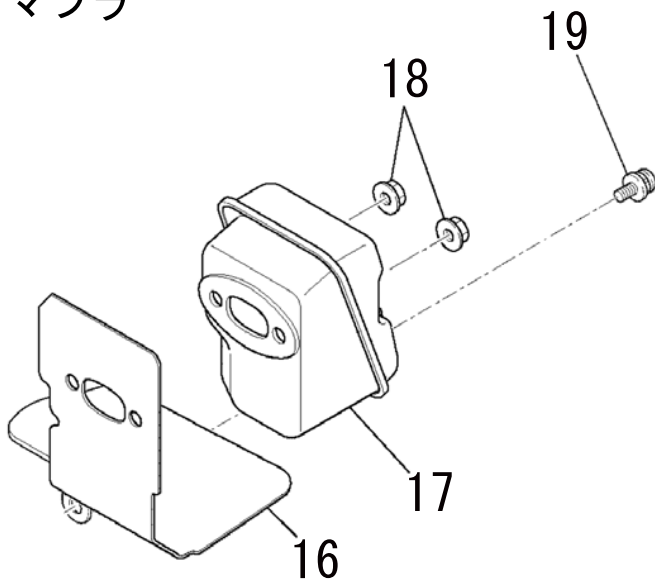

クランクケース

シリンダ／カバー

クランクシャフト

□使用個数は1台に使用する個数で入り数ではありません □価格は1個あたりの単価です □表示価格に消費税は含まれておりません

見出番号	部品番号	部品名称	使用個数	備考	希望小売価格
1	KB01043BA	クランクケースASSY	1	4,5を含	7,050
2	KW11032AA	ボールベアリング	2		400
3	KW21005AA	オイルシール	2		350
4	KU40003AA	ダウエルピン	2		100
5	KU12028AA	スクリュ	3		100
6	KB90022BA	ガイド	1		200
7	KB90023BA	ガイド	1		200
8	KU40004AA	ダウエルピン	2		100
9	LH30041AA	ファンケース	1		4,100
10	FR64569E	ボルト	4		150
11	KT90092AA	フランジ	1		800
12	LU12045AA	ボルト	2		100
13	LC13032BA	シリンダ	—		6,350
	LC13032CA	シリンダ	1		11,050
14	LW32032BA	シリンダガスケット	1		650
15	B121C05X020	ボルト	4		100
16	LC90036AA	カバー	1		200
17	KC90037AA	カバー	1		200
18	KW39079AA	ガスケット	2		100
19	LU12031AA	スクリュ	4		150
20	B151B05X050	スタッドボルト	2		350
21	LH40141BA	トップカバー	1		3,000
22	LH70026AA	プラグガード	1		800
23	H071D05X020K	スクリュ	1		100
24	LU12045AA	スクリュ	1		100
25	LD01055BA	クランクシャフトASSY	1		13,500
26	KP13031AA	ピストン	1		1,700
27	KP51008AA	ピストンピン	1		350
28	W430B03X013	キー	1		200
29	KP23006AA	トップリング	2		400
30	FR64817	ピストンピンクリップ	2		100
31	KW12030AA	ニードルベアリング	1		600
32	ZZ70028C	コニカルスプリングナット	1		100

フライホイールマグネット

エアクリーナ

マフラ

2

フライホイールマグネット/エアクリーナ/マフラ

(KM) 三菱 TUE26PD

□使用個数は1台に使用する個数で入り数ではありません □価格は1個あたりの単価です □表示価格に消費税は含まれておりません

見出番号	部品番号	部品名称	使用個数	備考	希望小売価格
1	LE11040BA	ロータ	1		4,950
2	LE04051AA	イグニッションコイル	1	3、4 を含	10,450
3	LE42048AA001	プラグキャップ	1		250
4	LE42048AA002	スプリング	1		600
5	LE90001BA	グロメット	1		200
6	FR64569A	ボルト&ワッシャ	2		100
7	KE41024BF	スパークプラグ	1	BPMR8Y (NGK)	1,000
8	LE90349AA	リードワイヤ	1		800
9	LE70024AA	ブラケット	1		500
10	KE80036AA	ストップスイッチ	1		1,100
11	H081D04X008	スクリュ	2		100
12	KA01104AA	クリーナケースASSY	1	チヨークレバー一体型	1,100
13	LU12052BA	スクリュ	2		150
14	KA40080AA	クリーナエレメント	1		250
15	KA20087AA	クリーナカバー	1		600
16	LM70087AA	マフラガスケット	1		650
17	LM01110CA	マフラ	1		3,500
18	LFR67566	フランジナット	2		100
19	H071D05X012K	スクリュ	1		100
____________
Please retype every record shown above, exactly as written, but without pictures.

クランクケース

シリンダ／カバー

クランクシャフト

□使用個数は1台に使用する個数で入り数ではありません □価格は1個あたりの単価です □表示価格に消費税は含まれておりません

見出番号	部品番号	部品名称	使用個数	備考	希望小売価格
1	KB01043BA	クランクケースASSY	1	4,5を含	7,050
2	KW11032AA	ボールベアリング	2		400
3	KW21005AA	オイルシール	2		350
4	KU40003AA	ダウエルピン	2		100
5	KU12028AA	スクリュ	3		100
6	KB90022BA	ガイド	1		200
7	KB90023BA	ガイド	1		200
8	KU40004AA	ダウエルピン	2		100
9	LH30041AA	ファンケース	1		4,100
10	FR64569E	ボルト	4		150
11	KT90092AA	フランジ	1		800
12	LU12045AA	ボルト	2		100
13	LC13032BA	シリンダ	—		6,350
	LC13032CA	シリンダ	1		11,050
14	LW32032BA	シリンダガスケット	1		650
15	B121C05X020	ボルト	4		100
16	LC90036AA	カバー	1		200
17	KC90037AA	カバー	1		200
18	KW39079AA	ガスケット	2		100
19	LU12031AA	スクリュ	4		150
20	B151B05X050	スタッドボルト	2		350
21	LH40141BA	トップカバー	1		3,000
22	LH70026AA	プラグガード	1		800
23	H071D05X020K	スクリュ	1		100
24	LU12045AA	スクリュ	1		100
25	LD01055BA	クランクシャフトASSY	1		13,500
26	KP13031AA	ピストン	1		1,700
27	KP51008AA	ピストンピン	1		350
28	W430B03X013	キー	1		200
29	KP23006AA	トップリング	2		400
30	FR64817	ピストンピンクリップ	2		100
31	KW12030AA	ニードルベアリング	1		600
32	ZZ70028C	コニカルスプリングナット	1		100

フライホイールマグネット

エアクリーナ

マフラ

2

フライホイールマグネット/エアクリーナ/マフラ

(KM) 三菱 TUE26PD

□使用個数は1台に使用する個数で入り数ではありません □価格は1個あたりの単価です □表示価格に消費税は含まれておりません

見出番号	部品番号	部品名称	使用個数	備考	希望小売価格
1	LE11040BA	ロータ	1		4,950
2	LE04051AA	イグニッションコイル	1	3、4 を含	10,450
3	LE42048AA001	プラグキャップ	1		250
4	LE42048AA002	スプリング	1		600
5	LE90001BA	グロメット	1		200
6	FR64569A	ボルト&ワッシャ	2		100
7	KE41024BF	スパークプラグ	1	BPMR8Y (NGK)	1,000
8	LE90349AA	リードワイヤ	1		800
9	LE70024AA	ブラケット	1		500
10	KE80036AA	ストップスイッチ	1		1,100
11	H081D04X008	スクリュ	2		100
12	KA01104AA	クリーナケースASSY	1	チヨークレバー一体型	1,100
13	LU12052BA	スクリュ	2		150
14	KA40080AA	クリーナエレメント	1		250
15	KA20087AA	クリーナカバー	1		600
16	LM70087AA	マフラガスケット	1		650
17	LM01110CA	マフラ	1		3,500
18	LFR67566	フランジナット	2		100
19	H071D05X012K	スクリュ	1		100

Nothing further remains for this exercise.